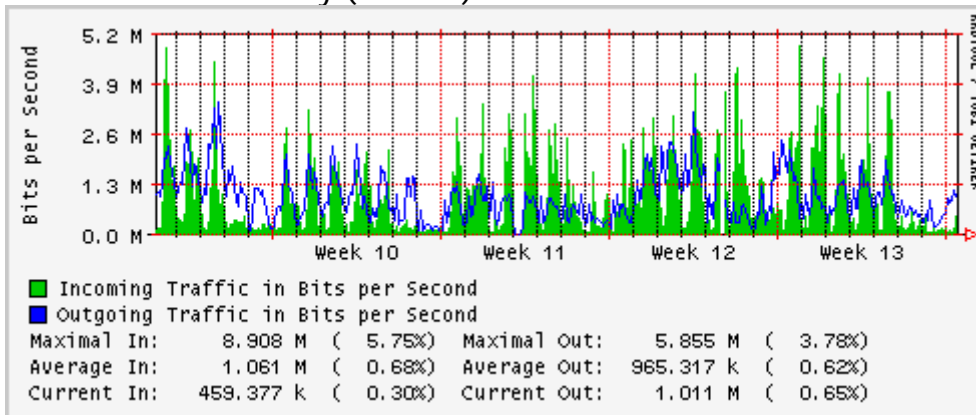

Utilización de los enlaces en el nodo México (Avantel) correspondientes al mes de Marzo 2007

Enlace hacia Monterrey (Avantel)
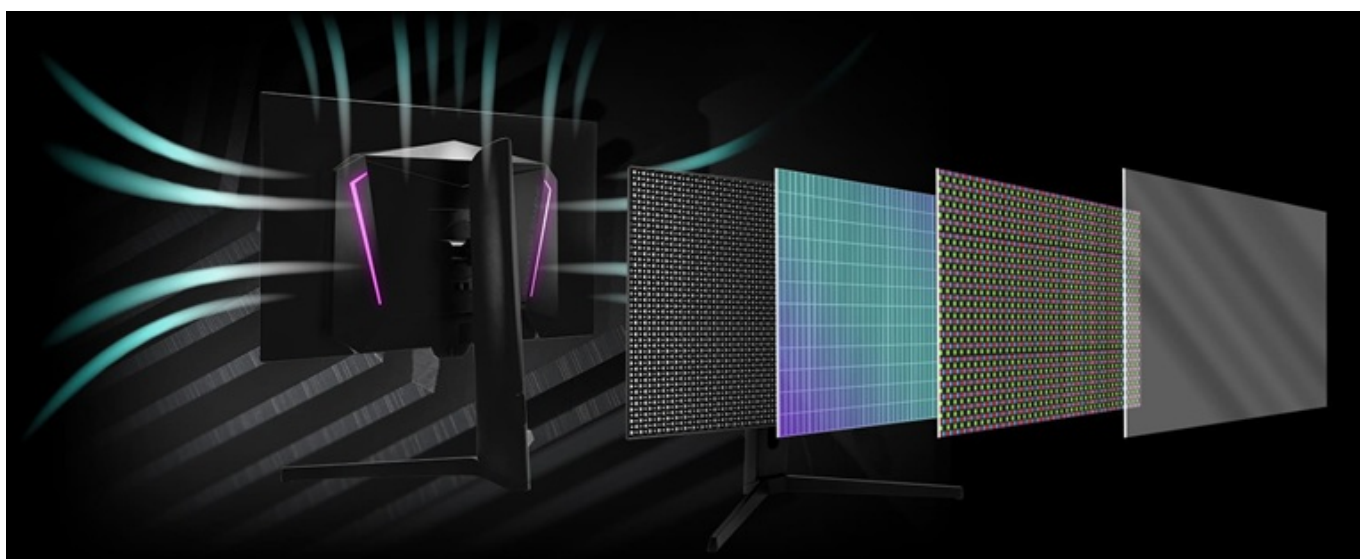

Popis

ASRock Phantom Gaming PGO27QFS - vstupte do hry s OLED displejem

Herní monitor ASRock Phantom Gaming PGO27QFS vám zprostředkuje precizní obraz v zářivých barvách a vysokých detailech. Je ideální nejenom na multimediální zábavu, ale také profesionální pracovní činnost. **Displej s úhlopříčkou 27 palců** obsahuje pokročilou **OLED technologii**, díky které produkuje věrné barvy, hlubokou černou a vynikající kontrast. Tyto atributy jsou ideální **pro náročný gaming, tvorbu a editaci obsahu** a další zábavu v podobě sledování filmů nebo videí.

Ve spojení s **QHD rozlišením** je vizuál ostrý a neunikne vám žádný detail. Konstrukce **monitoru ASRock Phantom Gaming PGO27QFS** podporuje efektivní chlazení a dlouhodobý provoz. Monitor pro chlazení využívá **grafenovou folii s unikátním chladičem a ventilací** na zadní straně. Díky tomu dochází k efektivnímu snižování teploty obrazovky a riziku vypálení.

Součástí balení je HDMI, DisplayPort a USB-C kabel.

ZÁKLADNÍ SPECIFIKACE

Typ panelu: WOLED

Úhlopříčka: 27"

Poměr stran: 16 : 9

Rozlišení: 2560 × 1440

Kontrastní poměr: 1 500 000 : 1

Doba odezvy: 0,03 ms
_ _ _
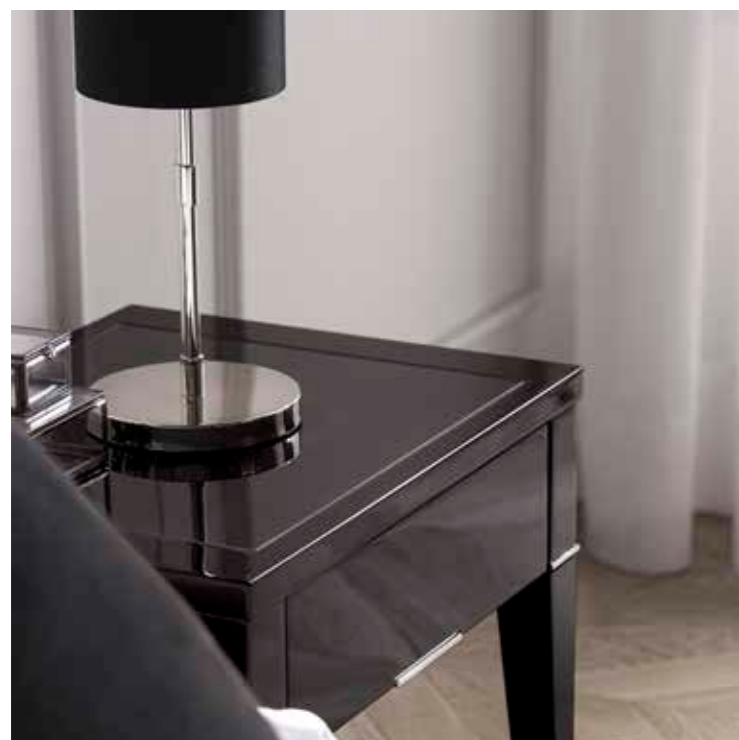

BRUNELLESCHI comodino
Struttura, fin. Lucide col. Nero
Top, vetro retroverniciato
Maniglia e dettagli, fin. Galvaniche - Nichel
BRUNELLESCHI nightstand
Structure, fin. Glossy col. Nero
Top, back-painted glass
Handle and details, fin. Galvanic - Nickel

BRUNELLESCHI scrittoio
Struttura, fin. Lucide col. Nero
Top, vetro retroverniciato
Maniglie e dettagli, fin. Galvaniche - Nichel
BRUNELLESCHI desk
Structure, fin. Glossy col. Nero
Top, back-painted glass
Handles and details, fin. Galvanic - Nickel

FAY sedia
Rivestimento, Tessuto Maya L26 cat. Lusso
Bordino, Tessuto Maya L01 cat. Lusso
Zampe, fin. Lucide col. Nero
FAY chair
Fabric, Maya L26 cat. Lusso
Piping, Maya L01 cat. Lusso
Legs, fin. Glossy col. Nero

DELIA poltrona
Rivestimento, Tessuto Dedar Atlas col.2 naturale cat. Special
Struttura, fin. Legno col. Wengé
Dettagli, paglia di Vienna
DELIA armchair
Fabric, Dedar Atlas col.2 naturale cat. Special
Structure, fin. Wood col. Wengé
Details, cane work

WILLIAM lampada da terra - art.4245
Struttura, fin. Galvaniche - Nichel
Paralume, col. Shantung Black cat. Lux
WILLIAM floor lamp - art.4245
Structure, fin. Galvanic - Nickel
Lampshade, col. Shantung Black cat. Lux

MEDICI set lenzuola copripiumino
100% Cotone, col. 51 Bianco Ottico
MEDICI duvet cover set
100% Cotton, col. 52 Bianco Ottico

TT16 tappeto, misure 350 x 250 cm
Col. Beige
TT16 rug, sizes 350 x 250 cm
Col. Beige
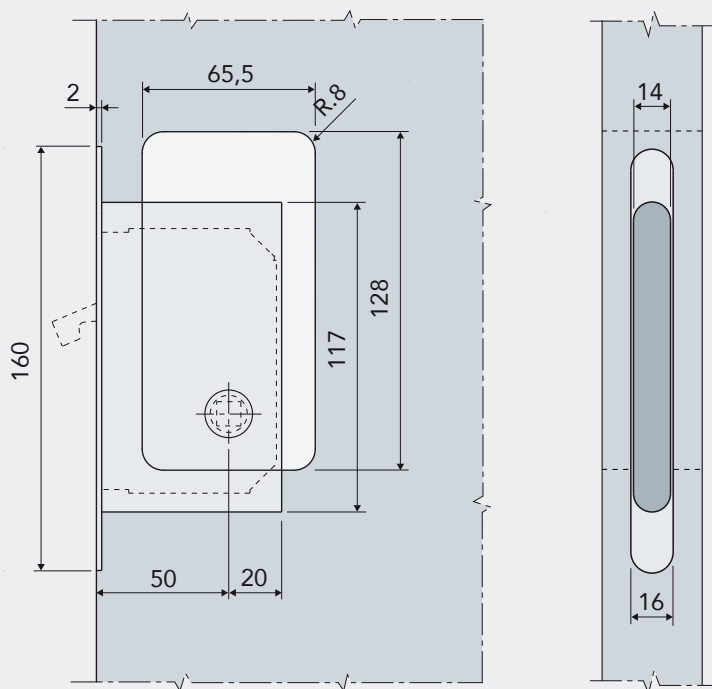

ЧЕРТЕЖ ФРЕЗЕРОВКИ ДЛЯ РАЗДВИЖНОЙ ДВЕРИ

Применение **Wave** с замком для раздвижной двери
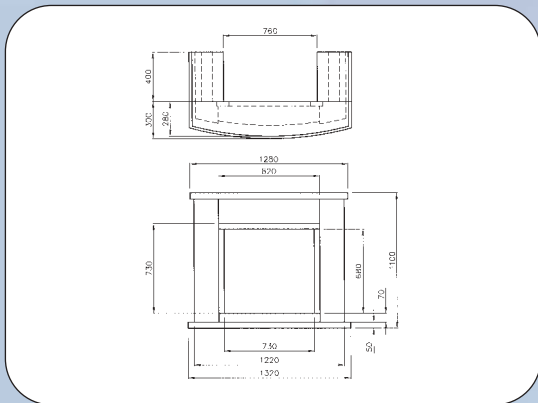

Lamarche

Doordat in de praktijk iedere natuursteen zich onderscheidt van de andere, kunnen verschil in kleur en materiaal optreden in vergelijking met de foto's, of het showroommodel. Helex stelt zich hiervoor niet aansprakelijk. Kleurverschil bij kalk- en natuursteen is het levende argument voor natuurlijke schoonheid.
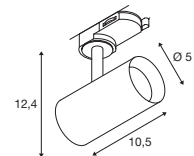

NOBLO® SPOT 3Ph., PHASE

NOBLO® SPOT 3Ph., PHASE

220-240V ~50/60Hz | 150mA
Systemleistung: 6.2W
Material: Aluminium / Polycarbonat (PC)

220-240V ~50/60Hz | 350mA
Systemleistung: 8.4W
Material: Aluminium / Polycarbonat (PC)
_ _ _
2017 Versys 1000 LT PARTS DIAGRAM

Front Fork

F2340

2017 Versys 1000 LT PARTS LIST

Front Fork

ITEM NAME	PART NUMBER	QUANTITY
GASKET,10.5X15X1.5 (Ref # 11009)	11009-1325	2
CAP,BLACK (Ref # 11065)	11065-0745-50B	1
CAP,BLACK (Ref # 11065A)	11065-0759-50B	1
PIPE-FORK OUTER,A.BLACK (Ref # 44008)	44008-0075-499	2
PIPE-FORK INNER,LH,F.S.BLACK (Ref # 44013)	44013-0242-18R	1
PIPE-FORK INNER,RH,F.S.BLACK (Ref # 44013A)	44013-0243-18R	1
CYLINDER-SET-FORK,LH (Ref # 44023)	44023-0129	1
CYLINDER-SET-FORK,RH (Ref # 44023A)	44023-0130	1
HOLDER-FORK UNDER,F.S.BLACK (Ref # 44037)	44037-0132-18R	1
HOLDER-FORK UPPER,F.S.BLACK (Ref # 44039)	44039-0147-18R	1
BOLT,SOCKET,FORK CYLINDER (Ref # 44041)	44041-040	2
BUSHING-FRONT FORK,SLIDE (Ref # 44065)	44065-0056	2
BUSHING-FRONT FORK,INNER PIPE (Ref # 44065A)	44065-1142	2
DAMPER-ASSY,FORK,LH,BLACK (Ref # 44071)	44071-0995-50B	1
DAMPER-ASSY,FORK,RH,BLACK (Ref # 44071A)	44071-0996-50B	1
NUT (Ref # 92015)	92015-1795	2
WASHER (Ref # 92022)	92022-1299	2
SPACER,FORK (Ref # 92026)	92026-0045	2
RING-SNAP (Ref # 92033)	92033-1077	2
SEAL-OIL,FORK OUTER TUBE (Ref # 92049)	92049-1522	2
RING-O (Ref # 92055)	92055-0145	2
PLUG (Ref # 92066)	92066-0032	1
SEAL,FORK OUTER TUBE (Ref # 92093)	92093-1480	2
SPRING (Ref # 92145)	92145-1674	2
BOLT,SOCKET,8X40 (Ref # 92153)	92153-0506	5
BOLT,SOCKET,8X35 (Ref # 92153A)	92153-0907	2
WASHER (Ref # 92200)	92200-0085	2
_ _ _
## Aim of the exercise
Report only the number of lines, among the records above, that contain the word "Wengé".

## Response to the task
2